On the other hand, if you have a hash function that say takes the address of the object being hashed, and they're all 8 byte aligned, then if you take the mod and the bucket count is also a multiple of 8, you'll only ever hash to every 8th bucket, having 8 times more collisions than you might expect. Not very random, and doesn't work out well. But, if the number of buckets is a prime, then the addresses will tend to scatter much more randomly over the buckets, and things will work out much better. This is the reason the GNU C++ Standard Library tends to use prime numbers of buckets (Visual C++ uses power-of-two sized buckets so it can utilise a bitwise AND for mapping hash values to buckets, as AND takes one CPU cycle and MOD can take e.g. 30-40 cycles - depending on your exact CPU - see here).
When all the inputs are known at compile time, and there's not too many of them, then it's generally possible to create a perfect hash function (GNU gperf software is designed specifically for this), which means it will work out a number of buckets you'll need and a hash function that avoids any collisions, but the hash function may take longer to run than a general purpose function.
People often have a fanciful notion - also seen in the question - that a "perfect hash function" - or at least one that has very few collisions - in some large numerical hashed-to range will provide minimal collisions in actual usage in a hash table, as indeed this stackoverflow question is about coming to grips with the falsehood of this notion. It's just not true if there are still patterns and probabilities in the way the keys map into that large hashed-to range.
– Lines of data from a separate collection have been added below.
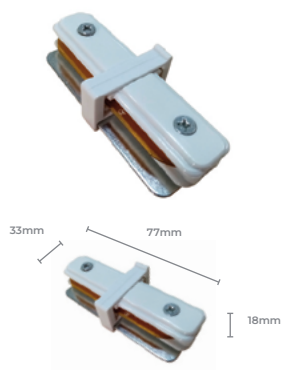

Cod: 3150

Cor: Preto

Cód. Barras: 789668190637

Cod: 3151

Cor: Branco

Cód. Barras: 7896688190644

The gold standard for a general purpose high-quality hash function for runtime inputs is to have a quality that you might call "random but repeatable", even before the modulo operation, as that quality will apply to the bucket selection as well (even using the dumber and less forgiving AND bit-masking approach to bucket selection).
As you've noticed, this does mean you'll see collisions in the table. If you can exploit patterns in the keys to get less collisions that this random-but-repeatable quality would give you, then by all means make the most of that. If not, the beauty of hashing is that with random-but-repeatable hashing your collisions are statistically related to your load factor (the number of stored elements divided by the number of buckets).
As an example, for separate chaining - when your load factor is 1.0, 1/e (~36.8%) of buckets will tend to be empty, another 1/e (~36.8%) have one element, 1/(2e) or ~18.4% two elements, 1/(3!e) about 6.1% three elements, 1/(4!e) or ~1.5% four elements, 1/(5!e) ~.3% have five etc.. - the average chain length from non-empty buckets is ~1.58 no matter how many elements are in the table (i.e. whether there are 100 elements and 100 buckets, or 100 million elements and 100 million buckets), which is why we say lookup/insert/erase are O(1) constant time operations.
I know that hash algorithms are supposed to minimize the same result for different inputs, however I don't understand how the same results for different inputs can be minimal after the modulo operation.
This is still true post-modulo. Minimising the same result means each post-modulo value has (about) the same number of keys mapping to it. We're particularly concerned about in-use keys stored in the table, if there's a non-uniform statistical distribution to the use of keys. With a hash function that exhibits the random-but-repeatable quality, there will be random variation in post-modulo mapping, but overall they'll be close enough to evenly balanced for most practical purposes.
Just to recap, let me address this directly:
Let's just say we have a near-perfect hash function that gives a different hashed value between 0 and 100,000, and then we take the result modulo 20 (in our example we have 20 buckets), isn't the resulting number very close to a random number between 0 and 19? Meaning roughly the probability that the final result is any of a number between 0 and 19 is about 1 in 20? If this is the case, then the original hash function doesn't seem to ensure minimal collisions because after the modulo operation we end up with something like a random number? I must be wrong, but I'm thinking that what ensures minimal collisions the most is not the original hash function but how many buckets we have.
So:
random is good: if you get something like the random-but-repeatable hash quality, then your average hash collisions will statistically be capped at low levels, and in practice you're unlikely to ever see a particularly horrible collision chain, provided you keep the load factor reasonable (e.g. <= 1.0)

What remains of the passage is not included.